--- START ---

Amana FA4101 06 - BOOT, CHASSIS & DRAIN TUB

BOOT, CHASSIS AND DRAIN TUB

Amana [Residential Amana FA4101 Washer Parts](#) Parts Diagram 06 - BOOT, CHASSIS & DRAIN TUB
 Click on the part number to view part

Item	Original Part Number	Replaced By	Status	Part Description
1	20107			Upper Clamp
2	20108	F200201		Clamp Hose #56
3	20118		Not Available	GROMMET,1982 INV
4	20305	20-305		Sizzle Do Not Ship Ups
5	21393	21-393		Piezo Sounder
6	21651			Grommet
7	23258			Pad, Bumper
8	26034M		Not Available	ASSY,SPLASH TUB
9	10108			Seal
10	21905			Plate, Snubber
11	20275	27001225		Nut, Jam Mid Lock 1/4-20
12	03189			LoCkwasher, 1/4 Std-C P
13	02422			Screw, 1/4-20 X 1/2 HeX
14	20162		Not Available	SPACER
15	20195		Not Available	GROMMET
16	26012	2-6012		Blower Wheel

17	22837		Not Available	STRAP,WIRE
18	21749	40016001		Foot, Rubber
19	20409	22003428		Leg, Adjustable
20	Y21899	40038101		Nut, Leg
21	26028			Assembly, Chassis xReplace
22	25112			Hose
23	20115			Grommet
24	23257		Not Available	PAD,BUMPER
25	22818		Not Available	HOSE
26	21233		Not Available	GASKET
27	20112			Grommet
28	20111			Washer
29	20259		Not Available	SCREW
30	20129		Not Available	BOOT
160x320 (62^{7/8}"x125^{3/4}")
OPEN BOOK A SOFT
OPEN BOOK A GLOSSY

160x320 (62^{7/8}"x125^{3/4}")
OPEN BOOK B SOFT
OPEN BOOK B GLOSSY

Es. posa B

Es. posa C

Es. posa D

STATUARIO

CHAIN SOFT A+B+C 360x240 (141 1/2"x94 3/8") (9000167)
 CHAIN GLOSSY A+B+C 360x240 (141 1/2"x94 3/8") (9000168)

--- END ---

● Activity:
Using the material, show each line where the string "BOOT" can be found.

● Written reply:
Amana FA4101 06 - BOOT, CHASSIS & DRAIN TUB
BOOT, CHASSIS AND DRAIN TUB
Amana [Residential Amana FA4101 Washer Parts](#) Parts Diagram 06 - BOOT, CHASSIS & DRAIN TUB
30	20129		Not Available	BOOT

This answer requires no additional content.